Hi, 1la! Lucky you, reading w/out the guilt pang! Sounds like you deserve it with all the stuff you have to do.  But it's funny how as an adult, you mention how your sister reacts -- or doesn't anymore : ) -- about your reading.  And despite the changes you've had to make, you're really appreciative of the gift of more reading time.  I like when folks look around themselves and find what they can make happen out of whatever is tossed their way.


Oh, funny, Becke!  You have 3 dilemmas!  I'm laughing over the buying the same book, not remembering you have it already. How bout doing it even though you've read the synopsis?

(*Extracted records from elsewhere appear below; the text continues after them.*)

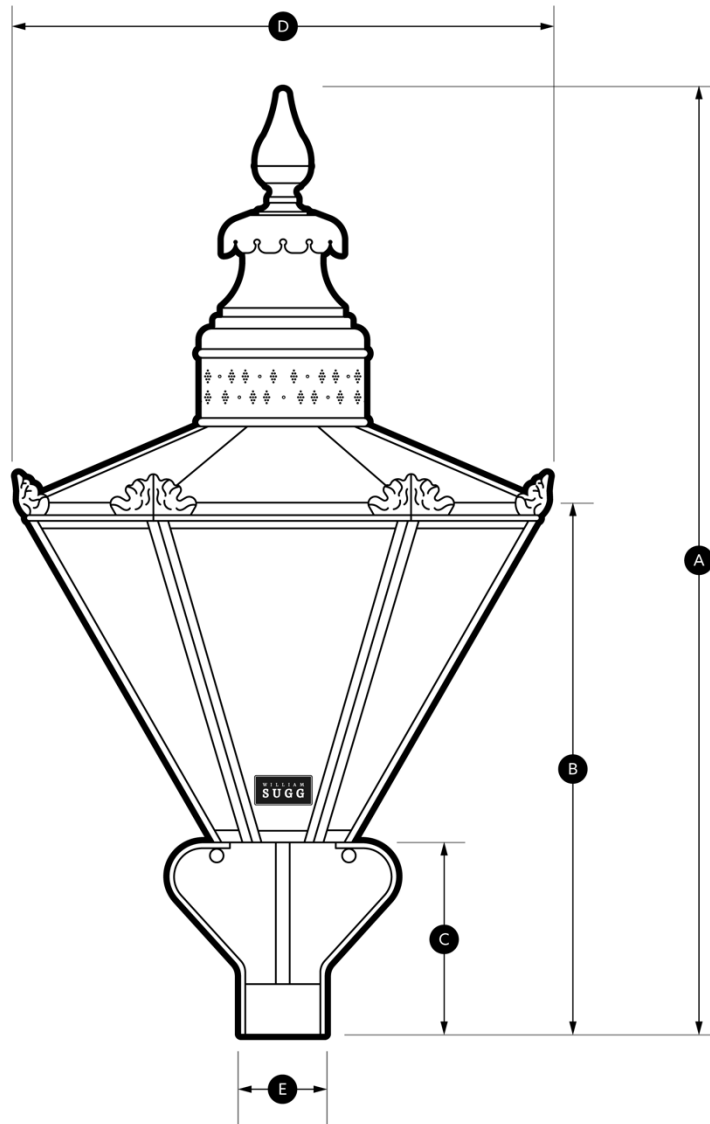

Features

- Available in three sizes. 'Small' – 14" (355mm), 'Medium' – 21" (535mm), 'Large' – 30" (760mm).
- **Controls:** Our gas lanterns are available with a range of decorative open flame burners or high performance gas mantles.
- **Lantern construction:**
 - IP54 rated with the option of a door otherwise access is gained via the hinged canopy.
 - Copper framed lantern with stainless steel reinforcing rods within the upright glazing bars for structural integrity. Weight and wind loading spread across the structure ensuring enhanced durability.
 - Copper hinges for access door and two sliding locking mechanisms.
 - A hinged version (medium) is available without a door with two-piece folded glazing for increased durability.
- **Mounting options:** Frog mounted, galvanised steel, powder coated black polyester for 76mm and 89mm shafts. Both of these options are suitable for column and bracket mounting. Cradle fitted luminaires are also available for wall, column and corner mounting.
- **Glazing:** Glazing panels in glass, and in various finishes, including clear, opal and etched.
- **Finish variations:** Durable and long-lasting polyester powder paint finishes in a full range of RAL colours. The lantern can also be supplied unfinished or polished, in natural copper, to develop a patina. Specialist finishes, including marine grade, are available on request.
- Single and two-part photocells are available upon request.

DIMENSIONS	SMALL (14")	MEDIUM (21")	LARGE (30")
A. LANTERN HEIGHT	807mm	1143mm	1370mm
B. LAMP HEIGHT	540mm	700mm	980mm
C. FROG HEIGHT	140mm	229mm	203mm
D. DIAMETER/WIDTH	355mm	535mm	760mm
E. STANDARD ENTRY	76mm or 50mm	76mm or 89mm	76mm or 89mm
WINDAGE AREA	0.16m ²	0.25m ²	0.40m ²
WEIGHT (APPROXIMATE)	7kg	10kg	15kg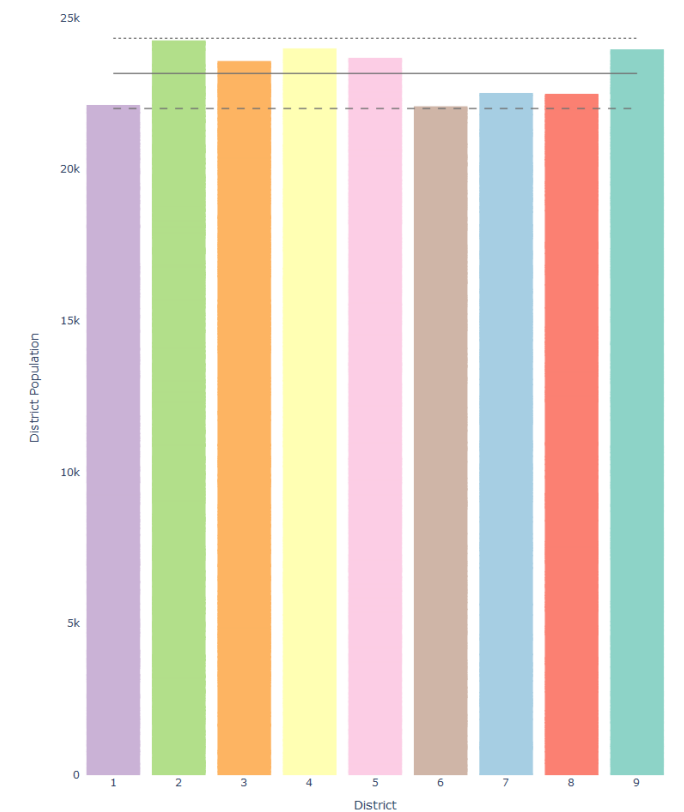

City of Fayetteville  
 Redistricting 2021  
 DRAFT Council Districts

# Option B

Ideal district population: 23,167  
 Permissible population range: 22,009 to 24,326

Map by Blake Esselstyn for the Local Redistricting Service.  
 Demographic statistics available in separate table.  
 Basemap rendering by Stamen Design, under CC BY 3.0.  
 Basemap features by OpenStreetMap, under ODbL.  
 Draft created September 16, 2021.

It's always the "should" factor that trips us up, Monica, no?  Like deb was saying, once it becomes about work, the moral dilemma -- or as my son says about his vid games, the moral ambiguity, thanksverymuch -- is at hand.  It's almost l ike that game, "what would you rather," where you're given two equally horrid choices to make, usually involving kittens.  And, no, I don't think I'm overstating it. : ) we folks who like to write and read really do get torn between the two that greatly   Oh, let's give that another smilie. : )

by Moderator becke_davis on ‎01-07-2010 11:57 PM

Michelle - reading the synopsis doesn't always help, unfortunately. I read so many books, sometimes those blurbs sound awfully familiar.

by on ‎01-09-2010 01:36 AM

Heck sometimes the first 3 chapters sound awfully familiar.